Load-Balanced Redundancy Transitioning

Primary LanguageJava

BART

BAlanced Redundancy Transitioning

Table of Contents

Overview

BART is a load-balanced redundancy transitioning scheme for large-scale erasure-coded storage, with the objective of minimizing the overall redundancy transitioning time through carefully scheduled parallelization.

  • BART generates the redundancy transitioning solutions based on the stripe placements
  • BART performs the actual transitioning operations to change the redundancy (i.e., coding parameters) of existing data

System Architecture

Backend Storage

  • HDFS (HDFS3 integration mode) (default)
  • Local FS (standalone mode)

Middleware

  • BTSGenerator (collocated with HDFS NameNode)

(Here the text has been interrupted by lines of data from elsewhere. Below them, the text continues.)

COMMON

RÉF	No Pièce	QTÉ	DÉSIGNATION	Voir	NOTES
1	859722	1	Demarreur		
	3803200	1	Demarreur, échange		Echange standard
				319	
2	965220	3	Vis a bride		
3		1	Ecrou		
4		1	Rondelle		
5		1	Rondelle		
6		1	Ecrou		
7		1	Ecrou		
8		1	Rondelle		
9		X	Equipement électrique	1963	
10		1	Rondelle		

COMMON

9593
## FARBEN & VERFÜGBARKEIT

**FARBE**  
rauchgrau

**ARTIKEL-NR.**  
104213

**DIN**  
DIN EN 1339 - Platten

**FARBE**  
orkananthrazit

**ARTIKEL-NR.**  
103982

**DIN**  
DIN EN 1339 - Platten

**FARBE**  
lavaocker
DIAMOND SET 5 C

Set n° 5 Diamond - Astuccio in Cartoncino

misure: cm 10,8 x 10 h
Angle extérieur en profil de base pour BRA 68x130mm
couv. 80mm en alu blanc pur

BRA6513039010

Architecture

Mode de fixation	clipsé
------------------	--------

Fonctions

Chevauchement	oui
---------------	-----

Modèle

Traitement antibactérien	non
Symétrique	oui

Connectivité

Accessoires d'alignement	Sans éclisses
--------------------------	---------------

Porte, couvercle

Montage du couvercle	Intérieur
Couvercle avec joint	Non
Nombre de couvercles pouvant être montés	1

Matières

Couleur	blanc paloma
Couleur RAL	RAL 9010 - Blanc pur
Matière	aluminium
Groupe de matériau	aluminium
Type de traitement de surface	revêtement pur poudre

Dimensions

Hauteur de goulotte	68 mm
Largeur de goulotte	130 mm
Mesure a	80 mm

    • Read input stripe metadata
      • HDFS
      • Local
    • Generate transitioning solution
      • output stripe metadata; stripe group metadata
    • It also serves as the simulator
  • Controller (collocated with HDFS NameNode)

    • Parse the transitioning solution from BTSGenerator
      • input stripe metadata, output stripe metadata; stripe group metadata
    • Generate transitioning commands
      • Parity block generation (compute new parity blocks by parity merging)
      • Stripe re-distribution (transfer data blocks or new parity blocks)
    • Distribute the transitioning commands to Agents
    • Wait for all Agents to finish the transitioning
  • Agent (collocated with HDFS DataNode)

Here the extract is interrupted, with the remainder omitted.